What to do:
The entries are to be duplicated exactly, though any picture in them must be omitted.

Record excerpts:
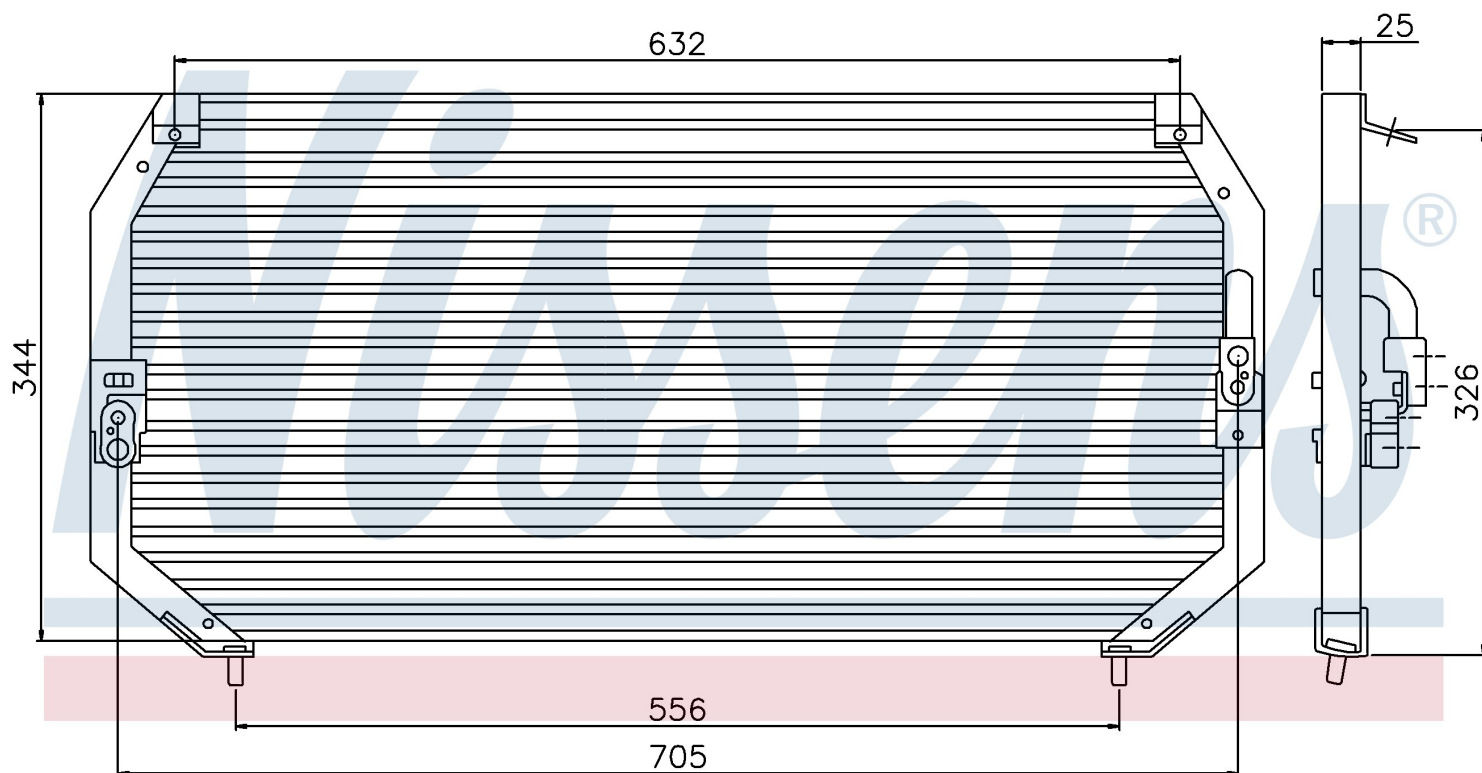

Номер продукта | 94331

Номер продукта 94331

Производитель	TOYOTA		
Модельный ряд	CARINA E (92-)		
Модель	2.0 i 16V		
Коробка передач	Automatic		
Система А/С	With/Without air conditioning		
Топливо	Gasoline		
Двигатель	3S-FE		
Вес брутто	4,60 kg		
Период	2/1992->9/1997		
Размер (В x Ш x Г)	705 x 344 x 25 mm		
Примечание	CORROSION PROTECTED		
Материал	Aluminium/Aluminium		
Оригинальные номера			
88460-20370	88460-20380

Task answer:
Номер продукта | 94331

Номер продукта 94331

Производитель	TOYOTA		
Модельный ряд	CARINA E (92-)		
Модель	2.0 i 16V		
Коробка передач	Automatic		
Система А/С	With/Without air conditioning		
Топливо	Gasoline		
Двигатель	3S-FE		
Вес брутто	4,60 kg		
Период	2/1992->9/1997		
Размер (В x Ш x Г)	705 x 344 x 25 mm		
Примечание	CORROSION PROTECTED		
Материал	Aluminium/Aluminium		
Оригинальные номера			
88460-20370	88460-20380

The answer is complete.